Personal information
- Nationality: British (Scottish)
- Born: 16 September 1954

Sport
- Sport: Badminton
- Club: Edinburgh

Medal record
Representing Scotland
Commonwealth Games
| Bronze medal – third place | 1986 Edinburgh | mixed doubles |
Scottish Nationals
| Gold medal – first place | 1980 | doubles |
| Gold medal – first place | 1982–87 | mixed |
Scottish Open
| Gold medal – first place | 1980 | doubles |
Irish Open
| Gold medal – first place | 1980 | doubles |
| Gold medal – first place | 1982–85 | mixed |

= Christine Heatly =

Scottish international badminton player

Christine Mcdiarmid Heatly married name Christine Black (born 16 September 1954) is a former international badminton player from Scotland who competed at two Commonwealth Games.

== Biography ==
Heatly was born in 1955 to a sporting family, her father Peter Heatly was a champion diver and winner of three Commonwealth Gold medals. Heatly was educated at George Watson's Ladies' College and was based in Edinburgh. She represented Scotland at international level, making her international debut in February 1980.

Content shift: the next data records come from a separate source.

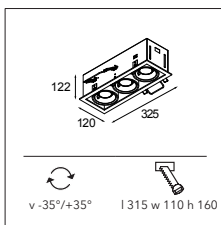

Mini multiple 3x LED retrofit

3X LED GU10 INCL. 5.5W

CONNECTED > SEE GOODIES

INSTALLATION ACCESSORIES

10400330 CONBOX 257X327X147X321

10420330 GYPKIT 345X287X315X110
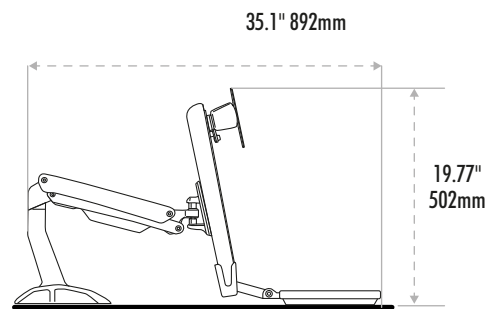

Easy Glide™ Sit-Stand Work Platform

Dimensions and range of rotations

Maximum Reach

Minimum Reach

Easy Glide™ Sit-Stand Work Platform

Dimensions and range of rotations

Clamp

Highest Position

Lowest Position

Adjustable Monitor Height

Monitor Tilting

Monitor Rotation
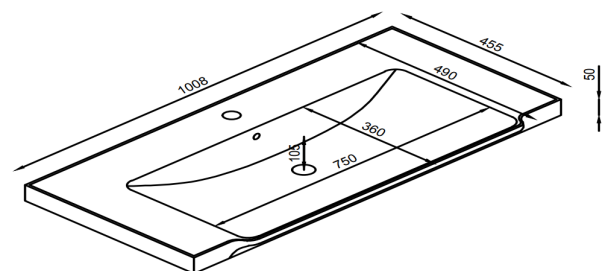

Product Name	BOTA-1000-RED
Product Description	Bota 1000-unit earth red
Product Transportation	
Barcode	5060991220011
Country of origin	China
Commodity code	9403609000
Product Measurements	
Product Weight (KG)	47
Product Width (mm)	996
Product Height (mm)	670
Product Length (mm)	450
Primary Packed Measurements	
Packaged Weight	49
Packed Length	505
Packed Width	1050
Packed Height	720

PRODUCT DATA SHEET

Bota 1000mm Basin

Product Code: BASIN019

0330 124 7290

sales@scudo.co.uk www.scudo.co.uk

SCUDO
BEAUTIFUL BATHROOMS

Scudo is the trading name of Harrison Bathrooms Ltd. Whilst we endeavour to ensure that the product information is accurate, we accept no liability for any information given. All images are for illustration purposes only. Product images and specification are subject to change. Measurements are in millimetres and are nominal.

Product Name	BASIN019
Product Description	Bota 1000mm Basin
Product Transportation	
Barcode	5060991201126
Country of origin	China
Commodity code	6910900000
Product Measurements	
Product Weight (KG)	19
Product Width (mm)	1008
Product Height (mm)	50
Product Depth (mm)	455
Primary Packed Measurements	
Packaged Weight	21
Packed Length	500
Packed Width	1050
Packed Height	100

General Information	
Construction Material	Ceramic
Installation type	Furniture mounted
Colour / Finish	White
Basin Attributes	
Basin Type	Furniture Mounted
Number of Tap Holes	1
Overflow	Round
Recommended waste type	Slotted or Universal
Inner Bowl Width (mm)	360
Inner Bowl Length (mm)	750
Inner Bowl Depth (mm)	105
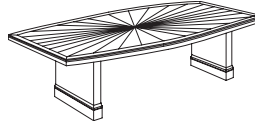

7132 BROWN CHERRY

10' Boat Shaped Conference Table
713_-97
120W 48D 30H
Consists of:
-971 Top (2 piece)
-972 Slab End Bases (set)
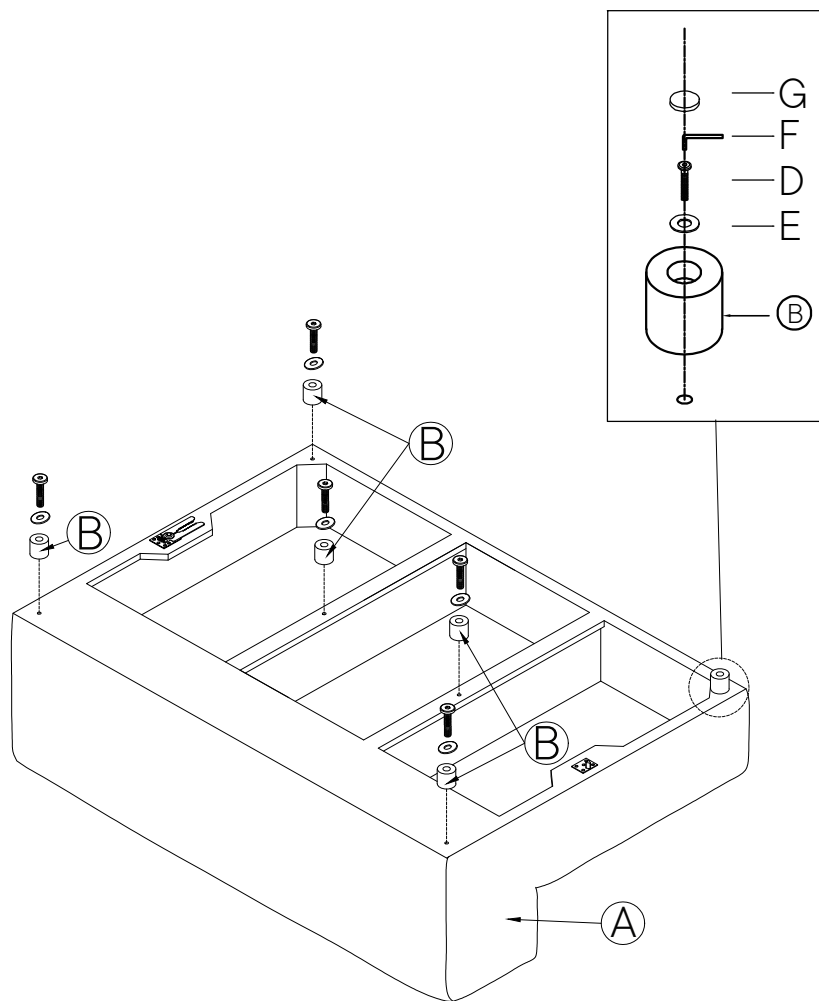

Step 1

COMPONENTS

A	Frame Body	x1
B	Leg	x6
C	Back Cushion	x2

HARDWARE

D	Bolt 1/4 x 60mm	x6
E	Flat Washer 1/4x19mm	x6
F	Allen Wrench	x1
G	Felt Pad	x6

Heatly represented the Scottish team at the 1982 Commonwealth Games in Brisbane, Australia, where she competed in the badminton events.

In 1986 she represented her nation at the European Championships and also represented Scotland at the 1986 Commonwealth Games, winning a bronze medal in the mixed doubles with Billy Gilliland.

She was the seven-times champion at the Scottish National Badminton Championships, in the women's doubles in 1980 and the mixed doubles six years in succession from 1982 to 1987. Additionally, she was five titles at the Irish Open.

She married Scottish international hammer thrower Chris Black and as Christine Black she was badminton team manager for the 2002 and 2006 Commonwealth Games.